I stood in the corner of the graveyard where I’d first met Scarlet and Alex and rested my hand on Beatrice’s stone, wondered how she’d feel if she knew that her inscription and history were, even at this moment, being read over by Dan in his London office. That the words I’d so carefully written to give her context and to show readers what her world had been like were being highlighted and underlined, crossed out and adjusted.

A pigeon clapped its way free of a tree above me as I walked out onto the frozen grass. It cracked beneath my feet into the quiet air and I saved up the sounds and the smell of cold air which tasted like metal on my tongue to tell Daisy. Daisy. I tried to force her image into my mind but it kept being overridden by Dan’s face, that awful, sad, destroyed expression he’d worn in the hospital when I’d told him that I couldn’t live without my sister.

I bent down and traced Beatrice’s inscription with a fingertip. ‘You’re going to be famous,’ I whispered to her.
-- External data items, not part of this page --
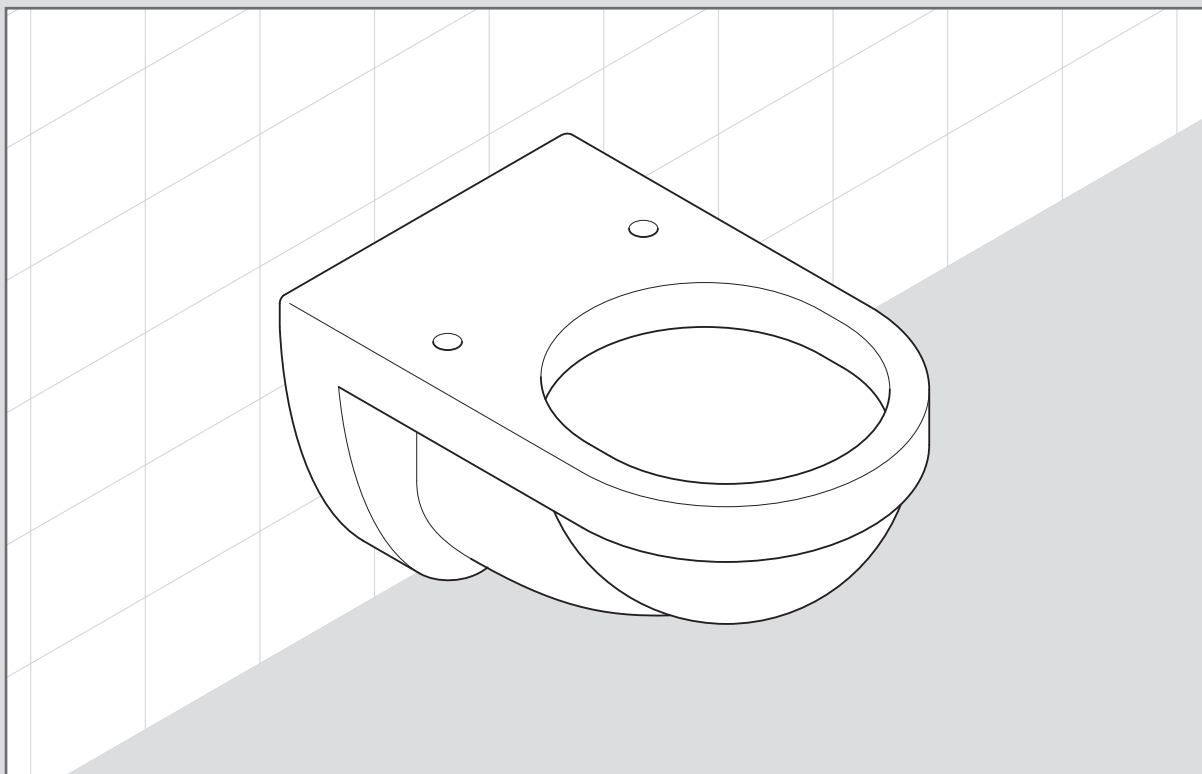

General Instruction

General
Instruction
Villeroy & Boch

DE Montageanleitung
WC, Standardbefestigung

EN Installation Instructions
WC, standard fixation

FR Instructions de montage
WC, fixation standard

IT Istruzioni di montaggio
WC, fissaggio standard

ES Instrucciones de montaje
Inodoro, fijación estándar

NL Montage-instructie
WC, standaard bevestiging

ZH 装配说明
马桶，标准安装

RU Инструкция по монтажу
Унитаз, стандартное крепление

This little corner of a rural churchyard, with its sagging shoulders of wall and centuries old yew trees, now immortalised in the book, would be visited by readers from all over the world, if Book of the Dead was anything to go by. I’d had so many letters of thanks from parishes all over London who were now able to refurbish their churches from donations given by my readers that I was thinking they might make a book on their own.

‘W-inter?’

I straightened up, almost guiltily. ‘Alex?’

He shrugged. ‘D-on’t sound so s-urprised, I do live here.’ A glance around. ‘W-ell, not h-ere, but you know w-hat I mean.’ He sounded different and it took me a moment to realise that his stammer was getting better. A slow delivery rather than a stoppered one. He looked different too, wearing a lumberjack shirt which didn’t so much cover his muscles as focus the eyes on them one square at a time. ‘C-ome and have a c-offee.’

I looked at him. ‘I can’t.’

I can’t face you now you know. You’ll stop treating me as just another person and start using that ‘quiet’ voice that people use when they think your sanity is in question. Treating me as if I’ve got a huge crack running through me that might blow open at any moment.

‘S-o what? Y-ou were just g-oing to leave?’ Alex came across the grass towards me. His footsteps tracked alongside mine in the frosty vegetation leaving a trail as though two ghosts had walked behind us. ‘W-inter? Were you?’

I couldn’t take the expression in his eyes and had to look away. I shrugged.

‘S-carlet wants to see you. I m-ean properly see y-ou, not l-ike through binoculars.’ He grinned and the tension that I’d been feeling began to seep away. ‘But I w-arn you, it may be B-obso related.’

‘She’s home?’ At least talking about Scarlet meant that we didn’t have to address the Daisy-shaped elephant, although the presence of the tombstones meant that everything that had happened in the hospital was hovering just behind my eyes.

‘Yep. Once th-ey established there w-as no brain d-amage, just b-roken bones and c-oncussion. H-ome and bored and c-onfined to bed. Well, s-ofa. Bed s-eemed un-necessarily p-unitive.’ Alex held out an arm. ‘Please.’

‘What about what happened at the hospital?’ I took two steps forward.

‘Look. We’re f-riends. Friends are allowed to screw up b-etween themselves, y-es? Your h-ead, my head, p-rivate spaces. We all d-o what we h-ave to to k-eep going.’ He crossed the space between us and put his arm around my shoulders. ‘I’m just s-orry that you and D-an . . .’ He stopped, and it wasn’t a stammer stop.

An embarrassed silence fell. At least, it was embarrassment on my side, I really had no idea what Alex was feeling, although his arm across my shoulders was comfortable and reassuring. ‘Yeah, well,’ was all I could think of to say.

‘So, c-offee? And S-carl? And p-robably Bobso?’ Alex gave my shoulders a little shake. ‘Come on, W-inter. At l-east say g-oodbye properly to a l-ittle girl who th-inks you’re amazing.’